Root can’t break the operating system. “Just ship images everywhere.
Sudo pip install everything. “You don’t need virtualenv,
you don’t need wheels. “Everything can just run
in one big container.” Containers do improve
this situation somewhat, and there’s less
that you can break. They certainly make it
harder to make mistakes. But, fundamentally,
the same general rules hold because, fundamentally,
the thing you’re running in the container
is a Linux distribution. Instead of “you don’t want
to have build tools installed “on your production host,”
it’s “you don’t want to have “build tools installed
in your service containers.” And instead of
“you don’t want to use sudo pip “to break your operating system,”
it’s “you don’t want to use “sudo pip to break your base image.” This last point bears repeating, I think. Debian and Red Hat are fantastically
complex engineering projects integrating billions
of lines of C code. For example, you can just
apt install libavcodec, or yum install ffmpeg.
Writing a working build system for one of those things
is a PhD thesis. They integrate thousands
of Python packages simultaneously into one working environment.
They don’t always tell you whether their tools
use Python or not. And so, you might
want to docker exec some tools inside a container.
They might be written in Python. If you sudo pip installed
your application in there, now it’s all broken.
You can’t use any of those tools. So even in containers,
isolate your application code from the system’s Python tooling,
or build all of your containers using from scratch without
the benefit of apt or yum. And if you do the latter,
that may help you appreciate all that stuff I just said
about being hard. So far the story is pretty good.

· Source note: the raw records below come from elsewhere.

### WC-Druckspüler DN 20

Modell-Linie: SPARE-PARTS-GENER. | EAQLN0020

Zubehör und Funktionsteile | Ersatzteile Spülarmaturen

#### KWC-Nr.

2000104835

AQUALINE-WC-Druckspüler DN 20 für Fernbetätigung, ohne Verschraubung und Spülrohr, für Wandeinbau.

We can build software repeatably, we can ship it to production,
and we can assemble it into a working system
on the deployment host without any build tools
except for pip. However, you’ll notice
that I’ve been talking almost exclusively
about server-side developers. So, in this section,
hopefully I’ve covered all the best practices
for server-side deployment. As we turn our eye to shipping
Python software to end users, though, this is where things
begin to fall apart. In this segment, I’m going to tell you
about the sometimes rocky road to deploying to end user
devices in Python. The problem begins
with the caveat I gave at the end of the last section,
“except for pip,” because pip itself
is a tool written in Python, which means that if you just upload
your software to PyPI for end users, you have to tell your users
to get a working Python and a working pip
before they can install anything. Many projects tell their end users
to pip install various things, so this is a common anti-pattern.

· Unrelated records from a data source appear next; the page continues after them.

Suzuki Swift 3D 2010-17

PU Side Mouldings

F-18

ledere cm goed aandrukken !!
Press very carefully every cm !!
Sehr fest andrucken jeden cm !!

Don’t do that. Let’s assume that getting a working
Python on your system is trivial. It’s already there on OS X.
It’s on — on Windows, let’s pretend that every user
can instantly intuit the difference between Python 2
and 3, download the right thing, figure out how to start up cmd.exe,
or maybe install Git Bash. Let’s also install that pip
is just installed correctly. If you just pip install
after having done that, you will get a “permission denied”
error because you aren’t root. It’s going to try to write
to a directory owned by root. If you have the option to sudo pip
install, which you might not, congratulations, you just
broke your operating system, like I just spent
many minutes describing. There is an issue in pip
to fix this, ticket 1668. It was opened in March of 2014,
has over 100 comments on it, a half a dozen open dependencies,
and it shows no sign of being fixed anytime soon. But even if that issue were fixed, or you somehow in advance
can convince users to do pip install –user
to put their — to put your application
into their home directory, and your application —
and we’re still assuming here that your application’s, like,
a nerdy command-line thing — is generally documented as
a command-line, like, awesome app. And pip install –user
will put the script in a place that isn’t available
on their command line by default. In order to fix that problem,
now we have to tell the user to learn how to configure
their shell. We all like Python.
We like Python because we get to write code in Python.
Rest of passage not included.